| ASSIGNMENT |
With the pictures left out, restate exactly the part below that opens with the line containing "- Tool tray dimension: 188 x 364 x 30 mm" and closes with the line containing "⁵⁾ Quoted yields".

Stored items
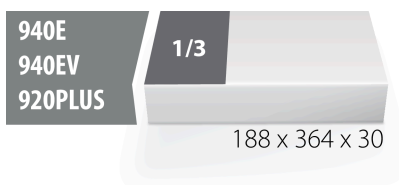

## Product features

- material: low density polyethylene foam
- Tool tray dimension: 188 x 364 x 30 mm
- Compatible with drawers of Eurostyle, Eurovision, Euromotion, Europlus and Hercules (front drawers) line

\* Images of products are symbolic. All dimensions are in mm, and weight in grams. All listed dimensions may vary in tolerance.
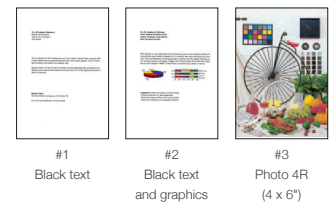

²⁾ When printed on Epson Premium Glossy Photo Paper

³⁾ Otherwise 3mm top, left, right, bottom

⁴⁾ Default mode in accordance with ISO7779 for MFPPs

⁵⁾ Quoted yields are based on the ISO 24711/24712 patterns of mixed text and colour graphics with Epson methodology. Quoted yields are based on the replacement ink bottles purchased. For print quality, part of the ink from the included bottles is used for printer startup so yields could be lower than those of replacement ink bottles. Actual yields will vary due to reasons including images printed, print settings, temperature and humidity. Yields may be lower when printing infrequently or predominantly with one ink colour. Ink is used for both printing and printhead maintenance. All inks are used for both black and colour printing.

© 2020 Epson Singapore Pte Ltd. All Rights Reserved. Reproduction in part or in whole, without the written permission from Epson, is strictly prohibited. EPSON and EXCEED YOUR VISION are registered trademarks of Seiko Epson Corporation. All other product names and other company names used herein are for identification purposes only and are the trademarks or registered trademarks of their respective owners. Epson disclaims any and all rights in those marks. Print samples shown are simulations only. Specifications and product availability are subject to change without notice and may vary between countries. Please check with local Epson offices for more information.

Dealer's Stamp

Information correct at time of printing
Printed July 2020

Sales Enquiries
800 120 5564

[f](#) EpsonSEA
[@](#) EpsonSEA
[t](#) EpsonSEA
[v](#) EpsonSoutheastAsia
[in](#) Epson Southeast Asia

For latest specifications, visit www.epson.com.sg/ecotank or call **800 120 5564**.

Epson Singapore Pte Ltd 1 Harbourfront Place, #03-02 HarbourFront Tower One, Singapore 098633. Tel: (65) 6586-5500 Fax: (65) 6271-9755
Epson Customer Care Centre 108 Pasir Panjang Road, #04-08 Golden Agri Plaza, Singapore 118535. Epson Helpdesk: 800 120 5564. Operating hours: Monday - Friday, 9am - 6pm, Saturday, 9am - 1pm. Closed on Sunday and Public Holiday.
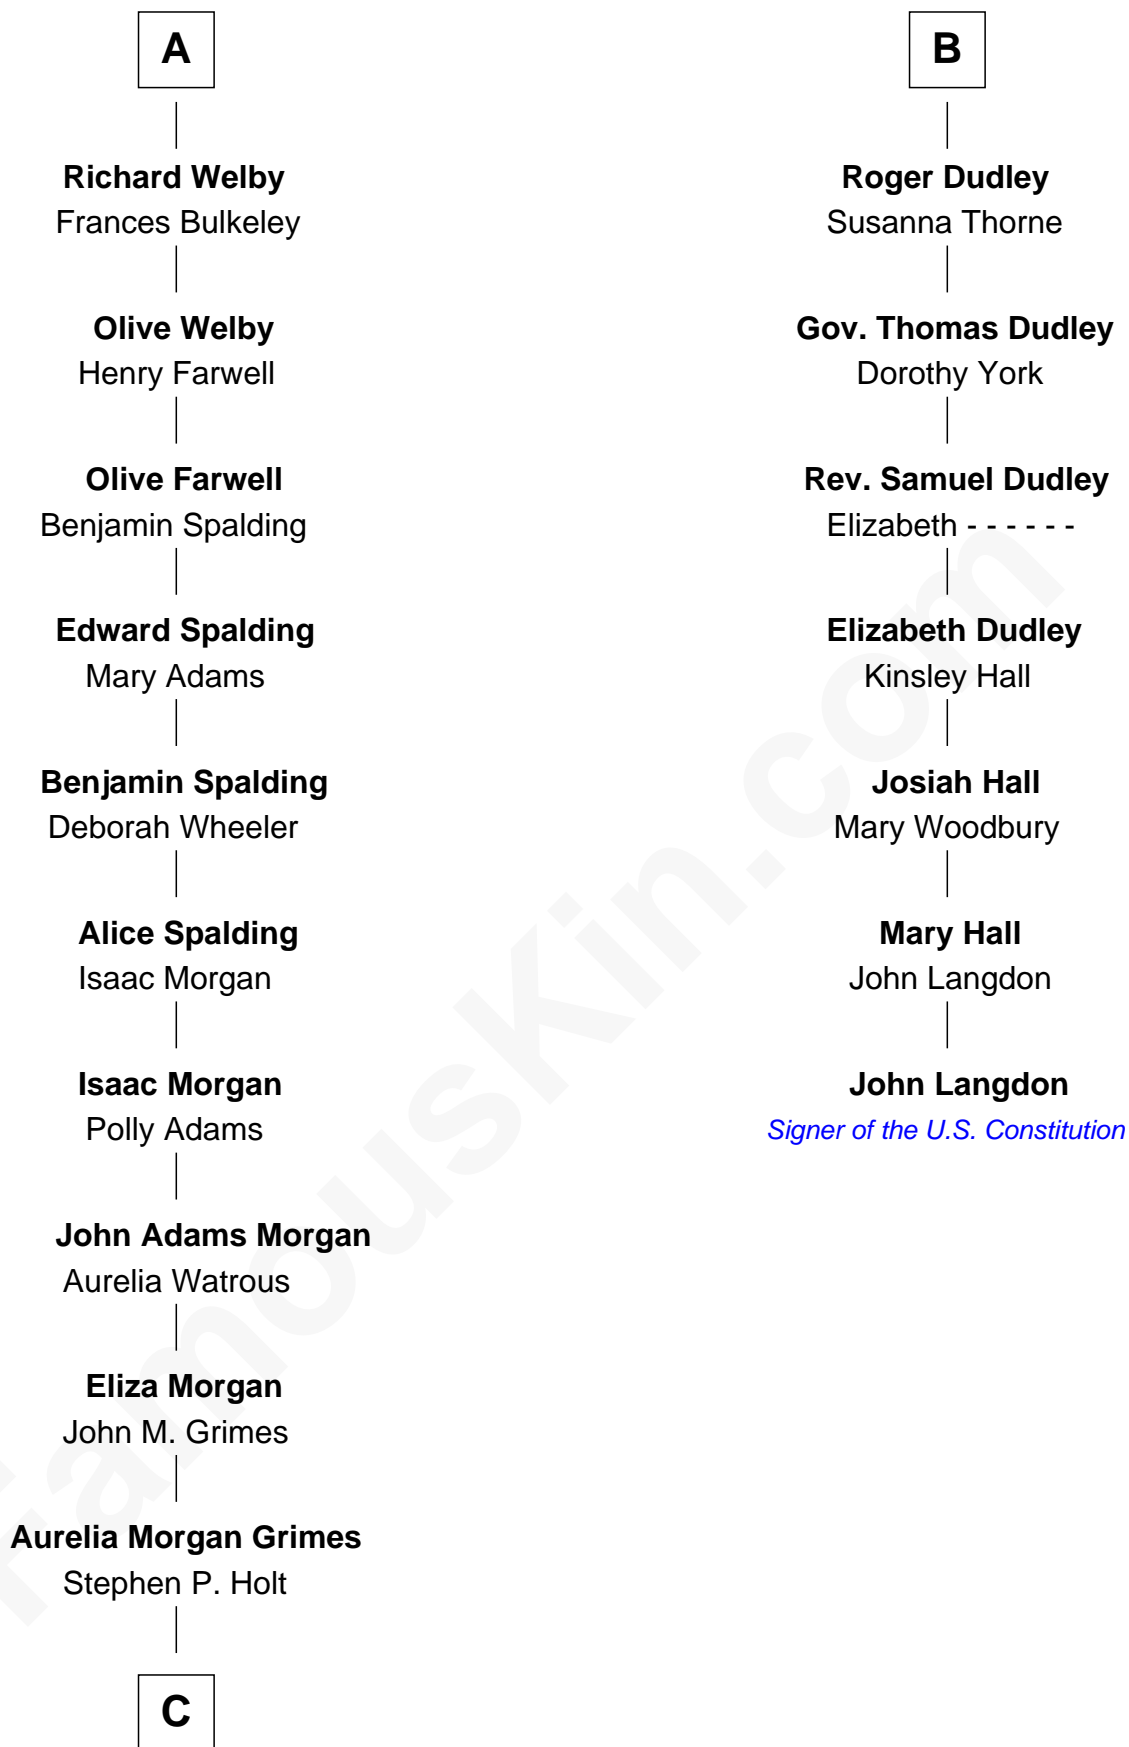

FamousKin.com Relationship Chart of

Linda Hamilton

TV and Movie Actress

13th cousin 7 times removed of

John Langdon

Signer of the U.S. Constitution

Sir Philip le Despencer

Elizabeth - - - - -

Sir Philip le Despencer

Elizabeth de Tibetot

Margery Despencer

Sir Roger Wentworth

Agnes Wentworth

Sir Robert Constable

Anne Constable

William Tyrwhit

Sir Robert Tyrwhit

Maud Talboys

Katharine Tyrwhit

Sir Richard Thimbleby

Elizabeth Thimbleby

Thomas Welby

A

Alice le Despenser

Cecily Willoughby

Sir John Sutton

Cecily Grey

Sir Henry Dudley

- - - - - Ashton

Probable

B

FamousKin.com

* * *

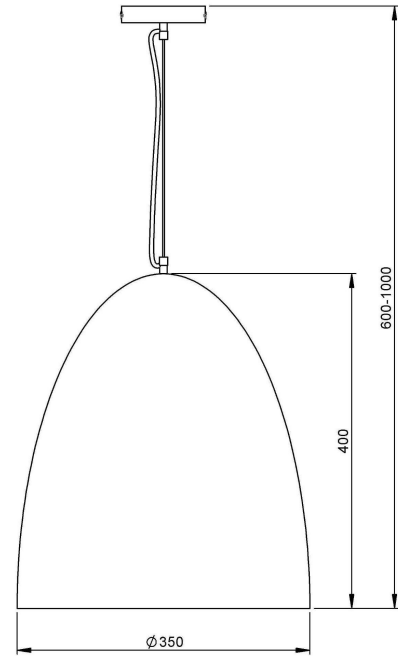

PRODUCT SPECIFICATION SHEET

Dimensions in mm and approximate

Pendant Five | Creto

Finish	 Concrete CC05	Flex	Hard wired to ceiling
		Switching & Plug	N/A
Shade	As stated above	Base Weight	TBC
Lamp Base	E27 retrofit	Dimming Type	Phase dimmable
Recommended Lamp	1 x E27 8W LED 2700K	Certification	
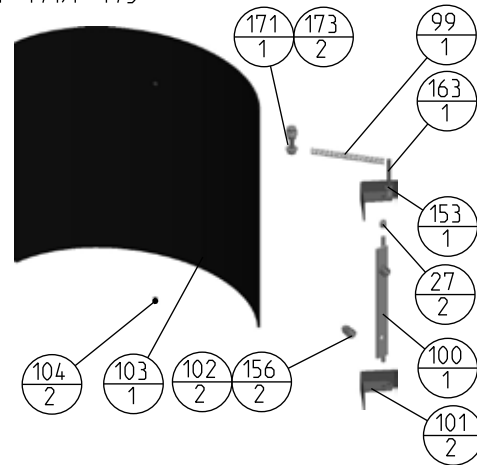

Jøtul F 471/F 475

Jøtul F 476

| EXERCISE ANSWER |
- Tool tray dimension: 188 x 364 x 30 mm
- Compatible with drawers of Eurostyle, Eurovision, Euromotion, Europlus and Hercules (front drawers) line

\* Images of products are symbolic. All dimensions are in mm, and weight in grams. All listed dimensions may vary in tolerance.

²⁾ When printed on Epson Premium Glossy Photo Paper

³⁾ Otherwise 3mm top, left, right, bottom

⁴⁾ Default mode in accordance with ISO7779 for MFPPs

⁵⁾ Quoted yields are based on the ISO 24711/24712 patterns of mixed text and colour graphics with Epson methodology. Quoted yields are based on the replacement ink bottles purchased. For print quality, part of the ink from the included bottles is used for printer startup so yields could be lower than those of replacement ink bottles. Actual yields will vary due to reasons including images printed, print settings, temperature and humidity. Yields may be lower when printing infrequently or predominantly with one ink colour. Ink is used for both printing and printhead maintenance. All inks are used for both black and colour printing.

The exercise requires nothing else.